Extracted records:
[Start of Attachment]

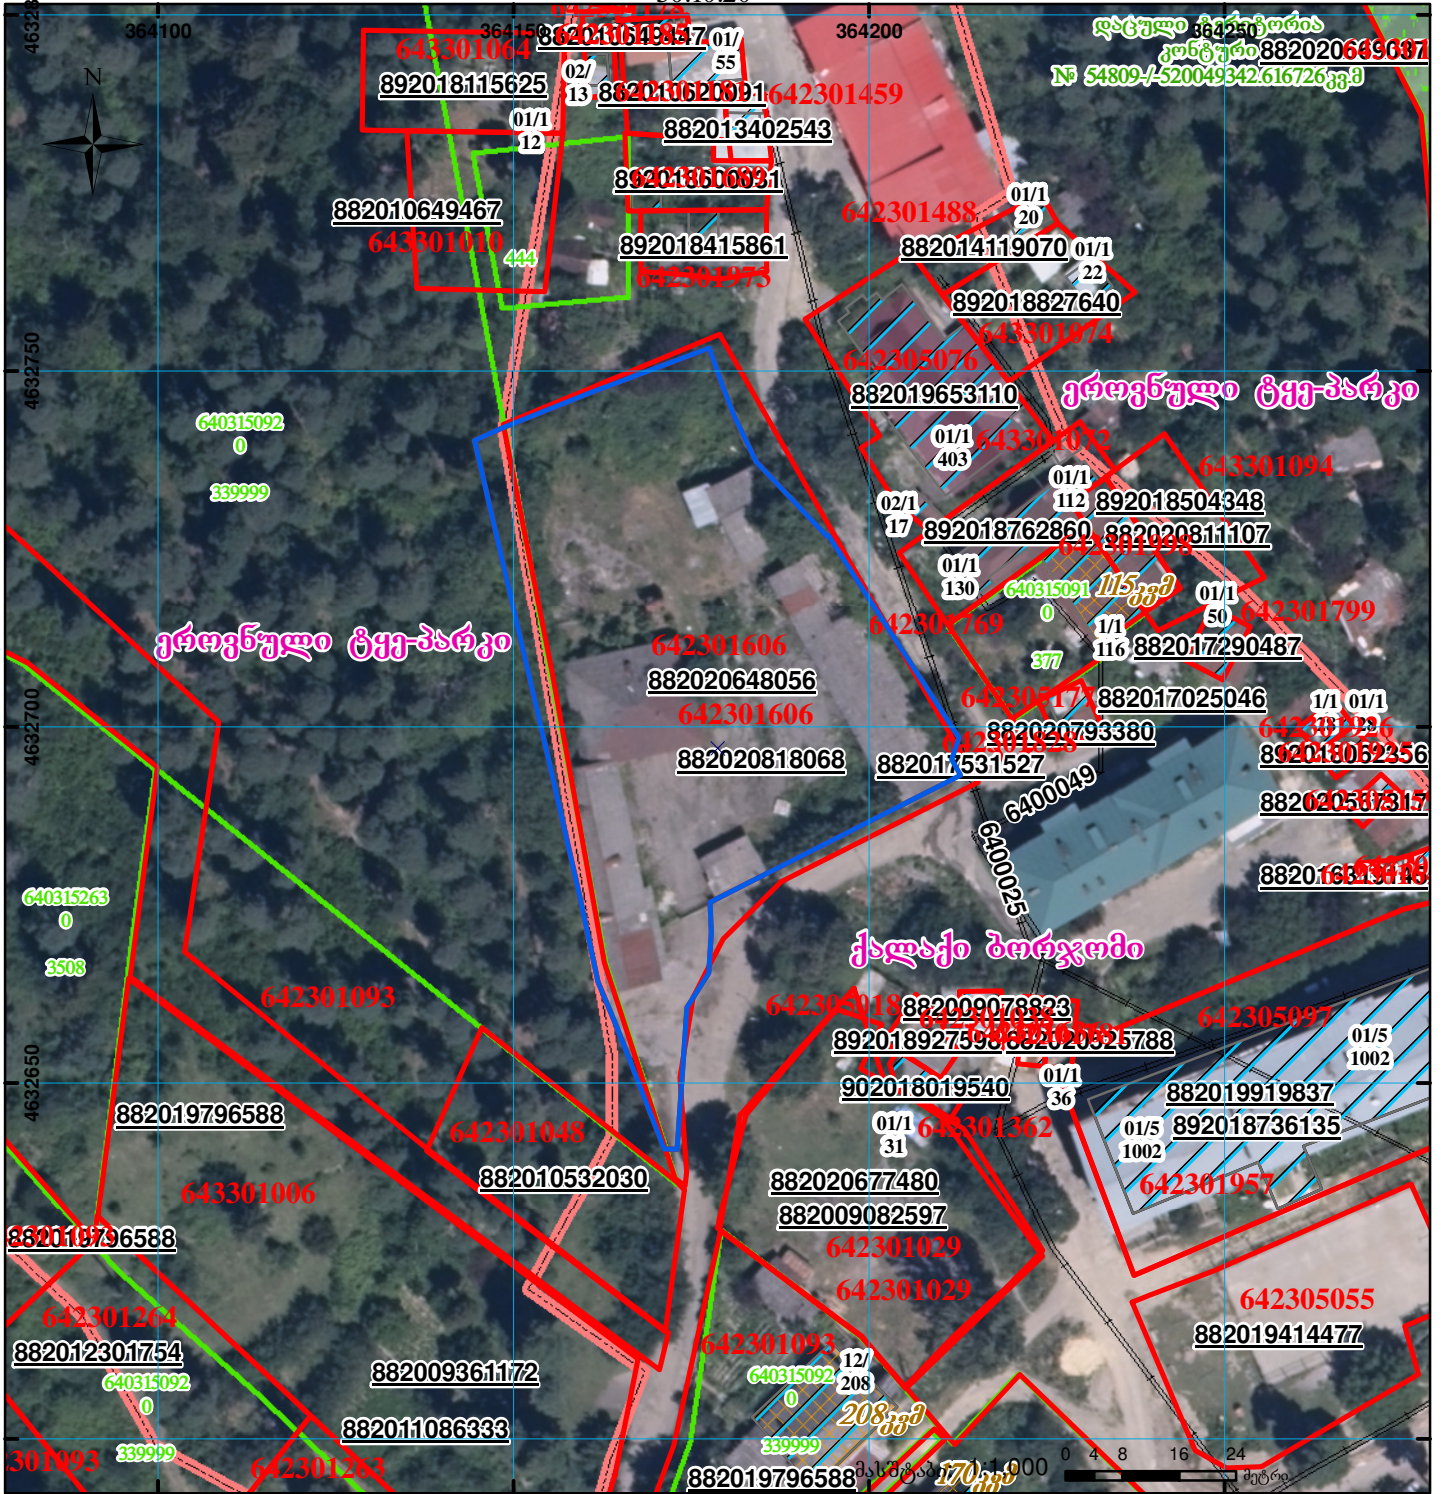

ნაკვეთი იცვლის რეგისტრირებულ საზღვარს 1/3-ზე ნაკლებად

მიწის ნაკვეთის საკადასტრო კოდი: 64 23 01 606
 განცხადების რეგისტრაციის ნომერი: 882020818068
 მიწის ნაკვეთის ფართობი: 3640 კვ.მ.
 დანიშნულება:
 შემოსავლის თარიღი: 30.10.20

	შენიშნა-ნაგებობა, პირობითი ნომერი/სართულიანობა		ვალდებულება		საზომი ნაგებობა
	მიწის ნაკვეთის საკადასტრო საზღვარი		შუენებარე ნაგებობა

[End of Attachment]

Exercise description. Only the pictures stay out; the rest of the entries above must be written out exactly.

Answer space.
ნაკვეთი იცვლის რეგისტრირებულ საზღვარს 1/3-ზე ნაკლებად

მიწის ნაკვეთის საკადასტრო კოდი: 64 23 01 606
 განცხადების რეგისტრაციის ნომერი: 882020818068
 მიწის ნაკვეთის ფართობი: 3640 კვ.მ.
 დანიშნულება:
 შემოსავლის თარიღი: 30.10.20

	შენიშნა-ნაგებობა, პირობითი ნომერი/სართულიანობა		ვალდებულება		საზომი ნაგებობა
	მიწის ნაკვეთის საკადასტრო საზღვარი		შუენებარე ნაგებობა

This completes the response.